?XavierMessersmith (via web): I'd backup a 5 gig partition using something like this:

 #!/bin/sh
 dd if=/dev/hda1 of=./XtFe1 bs=32M count=32
 bzip2 -v ./XtFe1
 dd if=/dev/hda1 of=./XtFe2 bs=32M count=32 skip=32
 bzip2 -v ./XtFe2
 dd if=/dev/hda1 of=./XtFe3 bs=32M count=32 skip=64
 bzip2 -v ./XtFe3
 dd if=/dev/hda1 of=./XtFe4 bs=32M count=32 skip=96
 bzip2 -v ./XtFe4
 dd if=/dev/hda1 of=./XtFe5 bs=32M count=32 skip=128
 bzip2 -v ./XtFe5

The reasoning for this is that a file level backup of Windows 2000 is near worthless, and being in moderate sized chunks evades file length limitations on various filesystems. (its also nice to get the backups small, hence the ["BZ2ing"])
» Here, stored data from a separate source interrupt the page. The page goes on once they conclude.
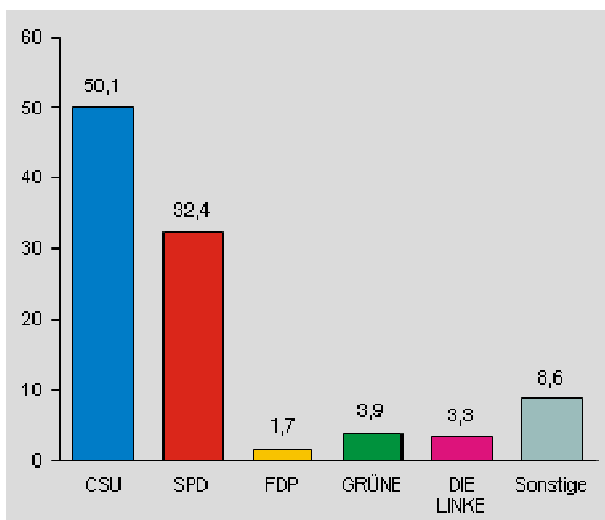

Bundestagswahl

Wahlkreis 238 Coburg - Regierungsbezirk Oberfranken –

Erststimmenmehrheit: Michelbach, Hans Georg (CSU) **Erststimmenmehrheit 2009:** CSU
vor: Tessmer, Norbert (SPD)

	2013		Veränderung gegenüber 2009	
	Anzahl	%	Anzahl	%-P.
Wahlberechtigte	160103	X	-2731	.
Wähler/Wahlbeteiligung	111378	69,6	-4473	-1,6

Erststimmenanteile in %

Veränderung der Erststimmenanteile

Zweitstimmenanteile in %

Veränderung der Zweitstimmenanteile

Bundestagswahl 2013 Erststimme Meeder

Endergebnis

Stimmenanteile in Prozent (%)

Wahlbeteiligung 78,8%

Bundestagswahl 2013 Zweitstimme Meeder

Endergebnis

Stimmenanteile in Prozent (%)

Wahlbeteiligung 78,8%

Bundestagsabgeordneter für den Wahlkreis 238

Dr. h.c. Hans Michelbach - CSU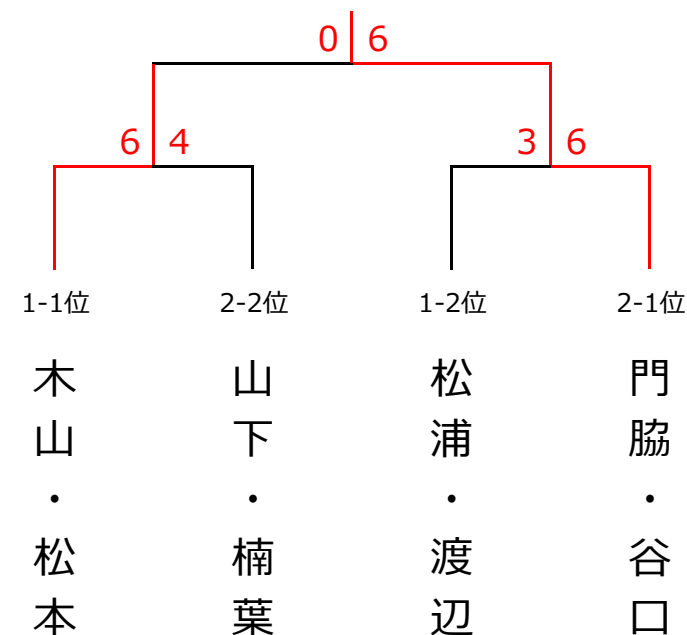

2月9日(土) ♡バレンタインカップ♡ ミックスダブルス<Dクラス>

<予選リーグ>

ブロック1	1	2	3	4	順位
1. 木山・松本 (Lien・teamせお)		6-5○	6-2○	6-3○	1
2. 石渡・山下 (木曜クラブ)	5-6×		5-6×	6-5○	3
3. 大西・尾上 (新見テニスクラブ)	2-6×	6-5○		2-6×	4
4. 松浦・渡辺 (copain・遊プラザ)	3-6×	5-6×	6-2○		2

ブロック2	5	6	7	8	順位
5. 山下・楠葉 (クロスワン)		5-6×	6-0○	6-2○	2
6. 門脇・谷口 (NNテニス・フリー)	6-5○		6-1○	6-2○	1
7. 宮部・干田 (Fthree)	0-6×	1-6×		6-4○	3
8. 大西・大西 (フリー)	2-6×	2-6×	4-6×		4

<決勝トーナメント>

優勝 門脇・谷口 (NNテニス・フリー)

準優勝 木山・松本 (Lien・teamせお)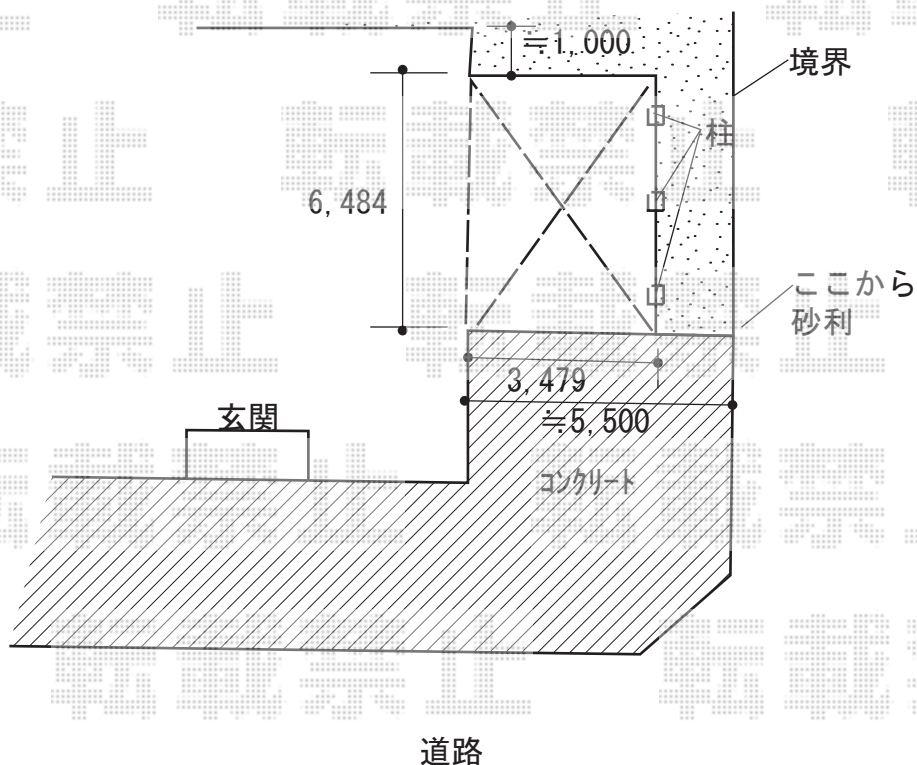

カーポート 施工概略図

YKK AP レイナベーカーポートグラン 延長 積雪~20cm対応
幅= 3,479mm
奥行= 6,484mm
色： カームブラック
屋根材： ポリカーボネート（アースブルー）
柱仕様： ハイルーフ柱仕様（有効高 約2,500mm）

2019-7-635465

担当者

木挽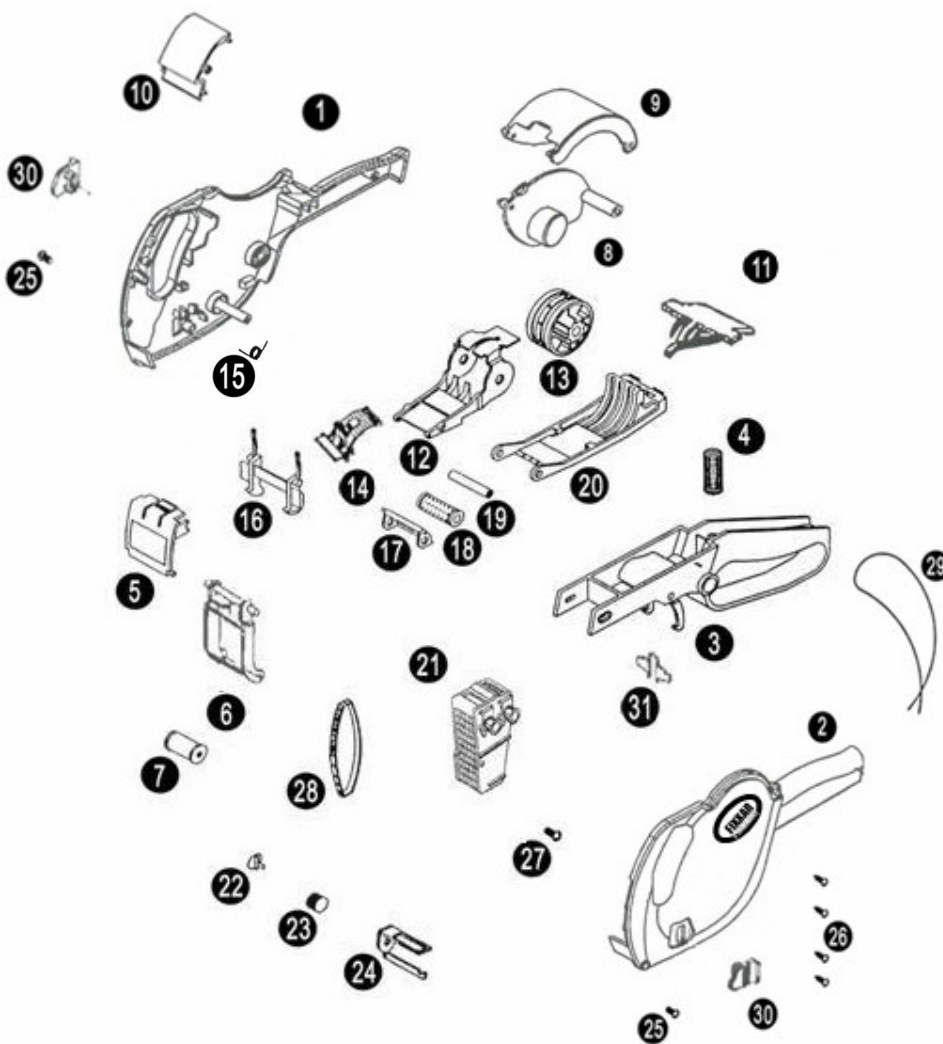

**TABELA DE PREÇOS – MX 2316 NEW (Azul)**
**09.02.06**

(Tabela sujeita á reajustes sem prévio aviso)

Cód.	Peças p/ MX 2316 NEW	Cód.	Peças p/ MX 2316 NEW
1	4.31 Lateral Direita	17	20.31 Guia de Saída
2	5.31 Lateral Esquerda	18	21.31 Rolo Fixador
3	6.31 Cabo completo	19	22.31 Eixo da Tampa
4	7.31 Mola do Cabo	20	23.31 Tampa de Fechamento
5	11.31 Tampa do Suporte do Tinteiro	21	24.31 Cabeçote Completo
6	12.31 Suporte do Tinteiro	22	36.31 Tampa do Botão
7	13.31 Tinteiro	23	35.31 Botão seletor
8	8.31 Suporte do Rolo da Etiqueta	24	34.31 Diall
9	44.31 Tampa Acrílica	25	28.31 Parafuso liso c/ arruela
10	49.31 Tampa Superior	26	29.31 Parafuso Soberbo
11	16.31 Guia Limpador da Roda Dentada	27	56.31 Parafuso do Cabeçote c/ arruela
12	10.31 Suporte de Impressão	28	31.31 Jogo de Bandas
13	9.31 Roda Dentada	29	30.31 Alça de Segurança
14	17.31 Guia Interno	30	60.31 Botão da Trava da Tampa
15	18.31 Mola do Guia Interno	31	38.31 Guia do Cabo
16	19.31 Trava da Tampa de Fechamento	32	623.31 Eixo do Cabeçote de Plástico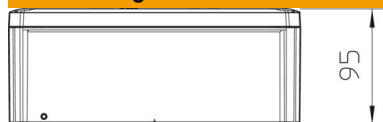

### Stammdaten

Artikelnummer	2007287
Typ	T 250 OE
Bezeichnung 1	Kabelabzweigkasten
Bezeichnung 2	ohne Einführungsöffnungen
Hersteller	OBO
Dimension	240x190x95
Farbe	lichtgrau; RAL 7035
Werkstoff	Polypropylen, glasfaserverstärkt
Kleinste VK-Einheit	1
Mengeneinheit	Stück
Gewicht	48,3 kg
Gewichtseinheit	kg/100 St.
CO Fußabdruck (GWP) Cradle-to-Gate	1,7932 kg COe / 1 Stück

### Abmessungen

Länge	240 mm
Breite	190 mm
Höhe	95 mm

Its generally recommended to pretreat the partition by filling it up with files generated with a 'dd if=/dev/zero' for the sake of compression efficiency (?BackupAndRecoveryDemo).

Is there any way to further automate/improve this process?


Not having the source partition and destination filename hardcoded or having the time expected estimated would be nice features. As would being able to pass initial chunk size to the script as an argument!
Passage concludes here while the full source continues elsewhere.